======== Records for processing ========

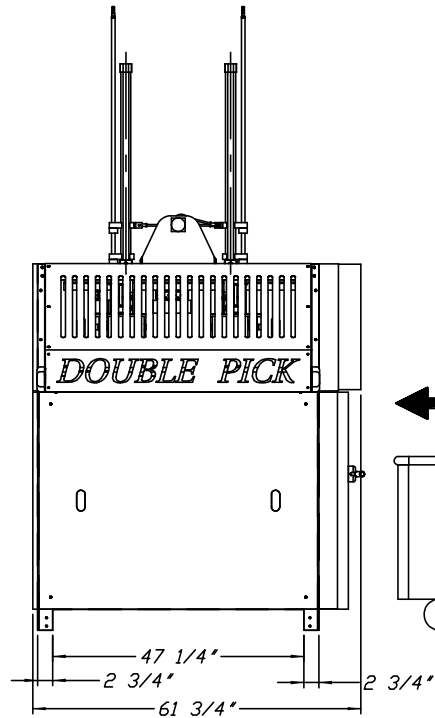

DOUBLE PICK MOBIEL

schaal/?chelle:

Belgium

Nr : 3920

Typ :

Dat : 12/09/01

Get : Frank
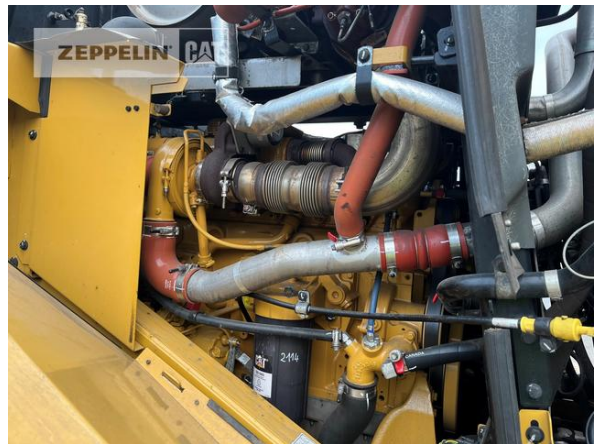

Cat 966M
Serien-Nr.: MD700641
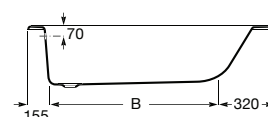

A	B
1700	1225
1500	1025
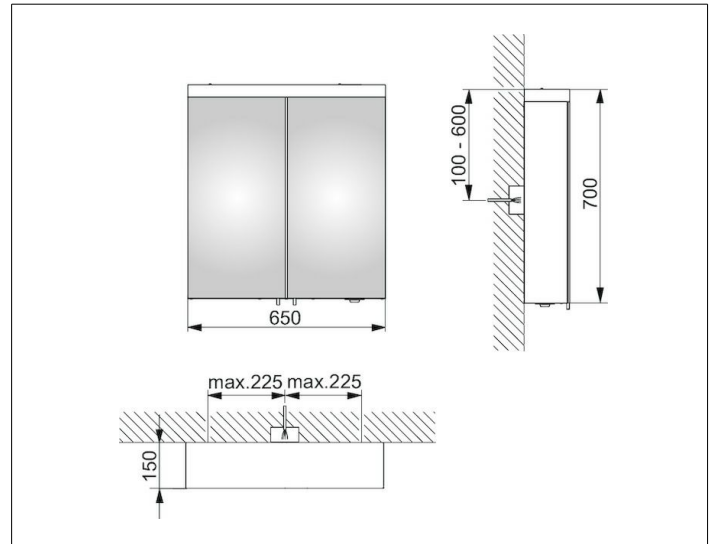

Royal Reflex.2
24202171301 Spiegelschrank

PRODUKT

ZEICHNUNG

PRODUKTBESCHREIBUNG

2 Drehtüren aus Kristall-Doppelspiegel,
 Seitenverspiegelung
 Bedienung:
 außenliegender Drehdimmer mit den Funktionen:
 - ein-/ausschalten
 - dimmen
 - Wechsel zwischen 3 Beleuchtungsvarianten
 Beleuchtung:
 Beleuchtung von oben und
 Waschtischbeleuchtung im Unterboden
 Lichtfarbe 3000 Kelvin (warmweiß),
 LED 22 Watt (Lebensdauer > 30.000 Std.)
 stufenlos dimmbar
 EEK: C , 22 kWh/1000h

AUSSTATTUNG

- 2 innenliegende Steckdosen
- 3 höhenverstellbare Glasablagen
- Tür-Anschlagdämpfer

OBERFLÄCHE

silber-gebeizt-eloxiert

ABMESSUNG

650 x 700 x 150 mm

========

Requirement. Repeat the listing above up to and including the line with "stufenlos dimmbar", starting from its first line. Drop any pictures.

Output.
DOUBLE PICK MOBIEL

schaal/?chelle:

Belgium

Nr : 3920

Typ :

Dat : 12/09/01

Get : Frank

Cat 966M
Serien-Nr.: MD700641

A	B
1700	1225
1500	1025

Royal Reflex.2
24202171301 Spiegelschrank

PRODUKT

ZEICHNUNG

PRODUKTBESCHREIBUNG

2 Drehtüren aus Kristall-Doppelspiegel,
 Seitenverspiegelung
 Bedienung:
 außenliegender Drehdimmer mit den Funktionen:
 - ein-/ausschalten
 - dimmen
 - Wechsel zwischen 3 Beleuchtungsvarianten
 Beleuchtung:
 Beleuchtung von oben und
 Waschtischbeleuchtung im Unterboden
 Lichtfarbe 3000 Kelvin (warmweiß),
 LED 22 Watt (Lebensdauer > 30.000 Std.)
 stufenlos dimmbar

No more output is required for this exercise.